Structure of 3-Phase Full-Wave Brushless Motors

First, the structure of 3-phase brushless motors is explained.

Outer Appearance and Structure of 3-Phase Full-Wave Brushless Motors

The photos below are examples of the outer appearance and structure of brushless motors.

On the left is an example of a spindle motor for rotating the disc of an optical disc device. There are a total of nine coils installed, three for each of three phases. On the right is an example of a spindle motor for a FDD device; there are 4 coils for each of 3 phases, for a total of 12 coils. The coils are fixed on a substrate, wound around an iron core.

The disc-shaped objects placed on the right sides of the coil sections are permanent magnet rotors. The peripheral parts are permanent magnets; the shaft of the rotor is inserted into the center of the coil section to install covering it, so that the permanent magnet surrounds the outside of the coils.

Diagram of the Internal Structure of a 3-Phase Full-Wave Brushless Motor, and Coil Connection Equivalent Circuit

Next, a summary diagram of the internal structure and an equivalent circuit of coil connections are presented.

The summary diagram of the internal structure takes as an example a motor with a simple structure, having 2 poles (2 magnets) and 3 slots (3 coils).
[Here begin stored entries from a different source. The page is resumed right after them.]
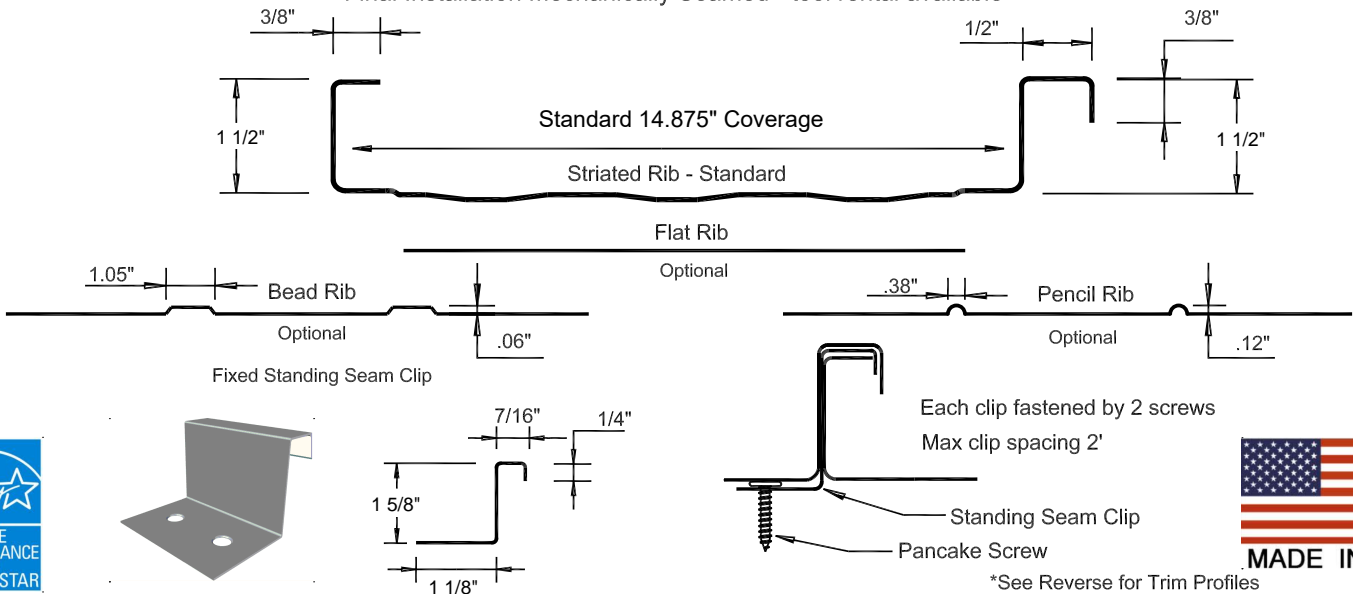

♦ Premium Pricing

1 1/2" SUR-LOK Standing Seam Panel

- * 15" Standard Coverage - also available in 12"-24"
- * Standard Striated Rib - also available in Bead, Pencil and Flat
- * Final Installation Mechanically Seamed - tool rental available

* Trims available to match panel material.
* Stock and Special trims are 10'3" long.
* Please present drawings for all special trims.
inch in girth.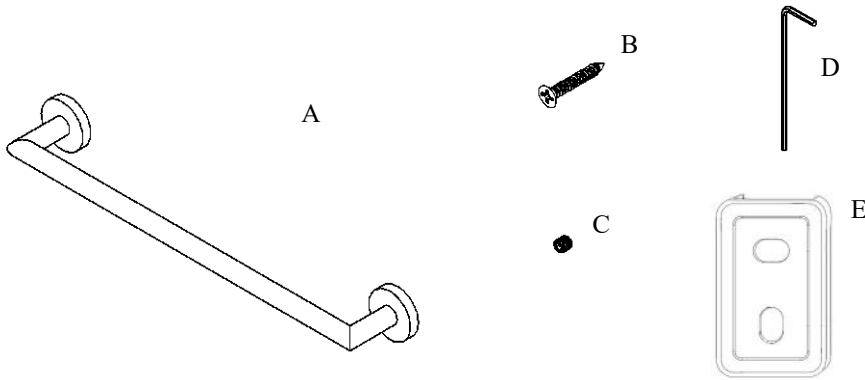

Exhilarating by Design

Volkano Summit 18" Towel Bar

Installation Guide

Code: V63143, V63144, V63145

Parts Included	QTY
A - Towel Bar	1
B - Screw	4
C - Set Screw	2
D - Allen Key	1
E - Bracket	2

Model #	Description	Finish	Weight (lb)	WxHxD (mm)	WxHxD (Inches)	Metal Type
V63143	Summit 18" Towel Bar	Chrome	0.792	463 x 52 x 70	18.2 x 2 x 2.75	Brass
V63144	Summit 18" Towel Bar	Brushed Nickel	0.792	463 x 52 x 70	18.2 x 2 x 2.75	Brass
V63145	Summit 18" Towel Bar	Matte Black	0.792	463 x 52 x 70	18.2 x 2 x 2.75	Brass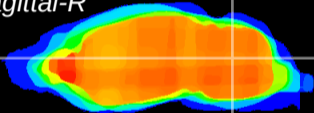

Coronal

Sagittal-R

Sagittal-L

ViBrism: CX07983
Horizontal

Cb nucleus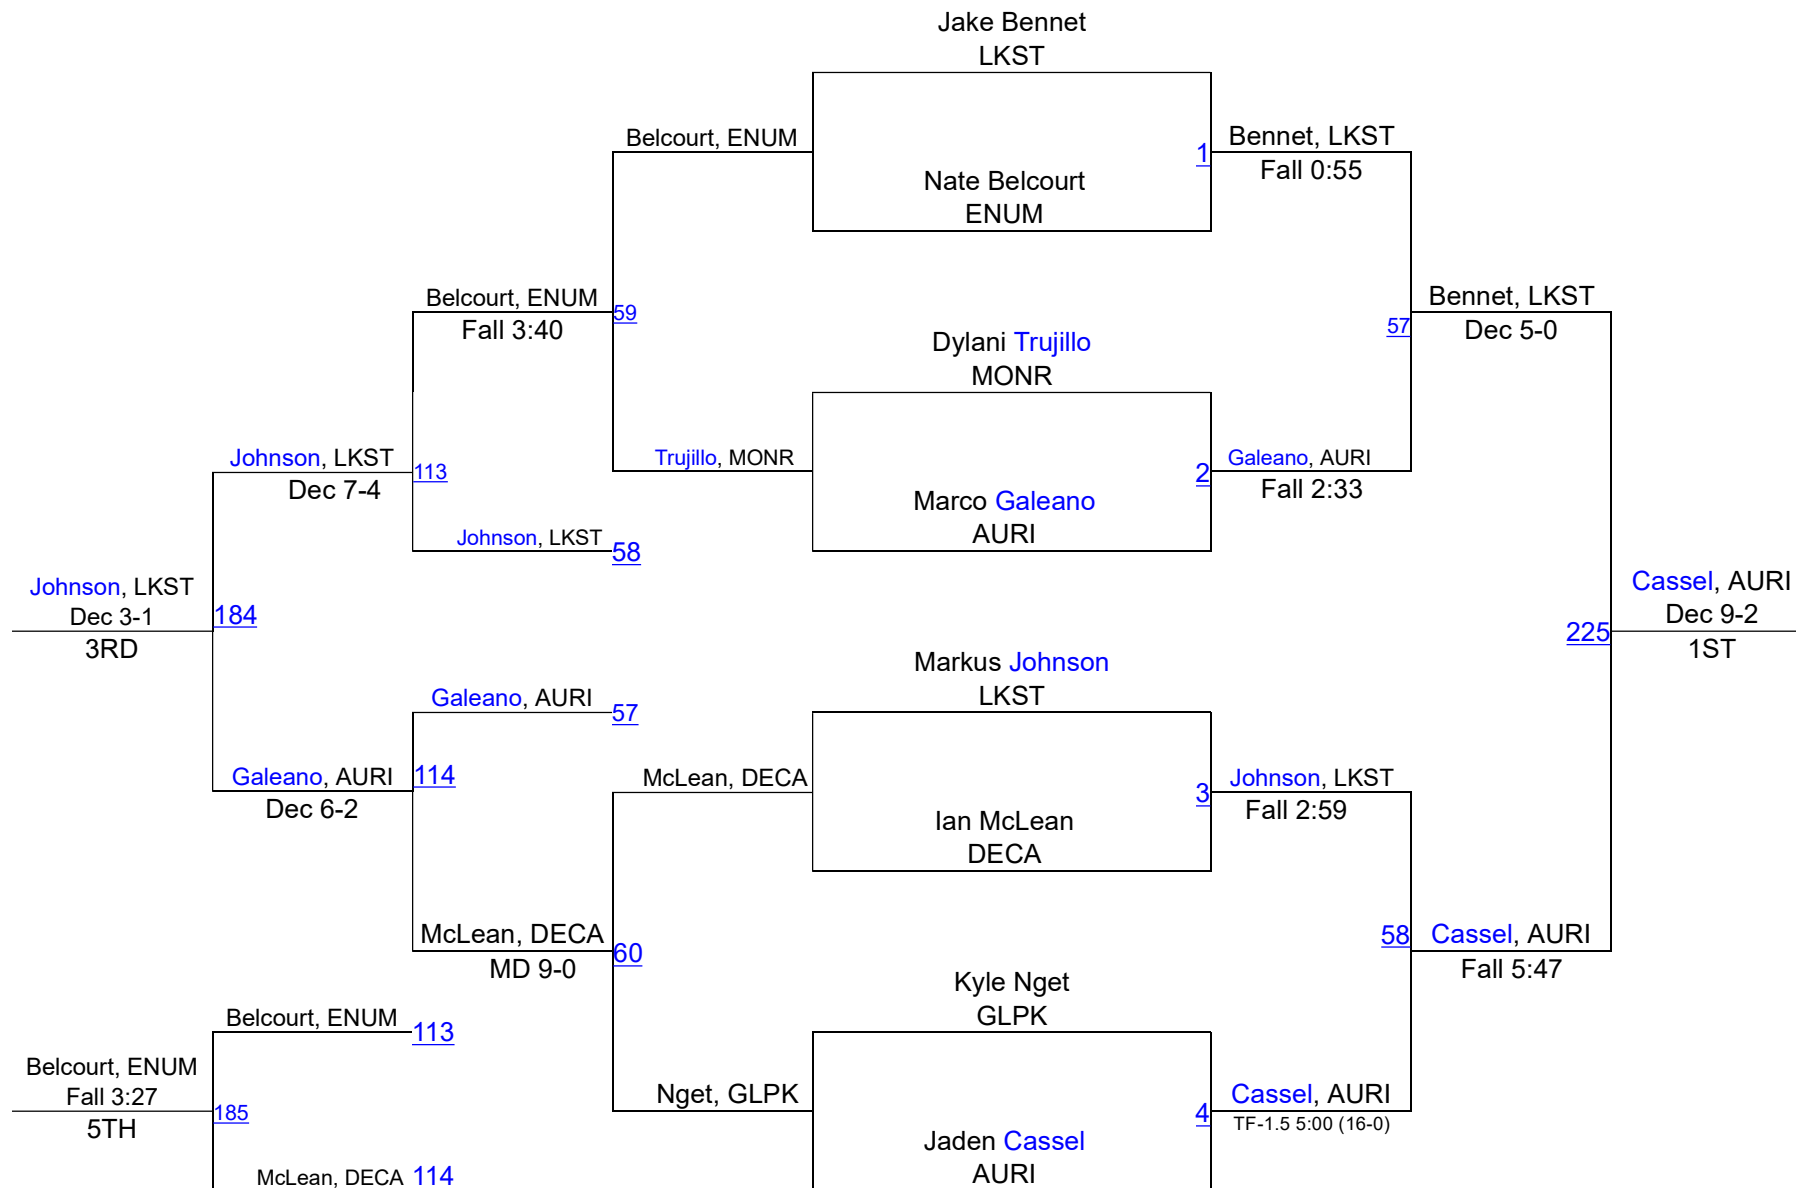

Region 1 4A Wrestling Tournament

106

Region 1 4A Wrestling Tournament

113

Region 1 4A Wrestling Tournament

126

Region 1 4A Wrestling Tournament

132

Region 1 4A Wrestling Tournament

138

Region 1 4A Wrestling Tournament

152

Region 1 4A Wrestling Tournament

160

Region 1 4A Wrestling Tournament

170

Region 1 4A Wrestling Tournament

182

Region 1 4A Wrestling Tournament

220

Region 1 4A Wrestling Tournament

285

It is similar to the structure of a brushed motor with the same numbers of poles and slots, but here the coils are fixed and the magnets can rotate. Of course, there are no brushes.

In this case the coils are Y-connected, and current is supplied to the coils by semiconductor elements or the like, to control current inflow and outflow according to the position of the rotating magnets. In this example, Hall elements are used to detect the magnet position. Hall elements are positioned between coils, and the voltages that they generate according to the strength of the magnetic field are detected and used as position information. In the photo of the FDD spindle motor shown above, one can see Hall elements for position detection between the coils (on the upper side of the coil).

Hall elements are well-known magnetic sensors. They convert the magnitude of a magnetic field into a voltage of corresponding magnitude, and the sign of the voltage indicates the orientation of the magnetic field. Below is a schematic diagram illustrating the Hall effect.

Hall elements utilize the phenomenon in which, when a current I_H flows in a semiconductor and magnetic flux B crosses the current at a right angle, a voltage V_H occurs in a direction perpendicular to both the current and the magnetic flux. This phenomenon was discovered by the American physicist Edwin Herbert Hall, and so is called the Hall effect. The equation for the generated voltage V_H is as follows.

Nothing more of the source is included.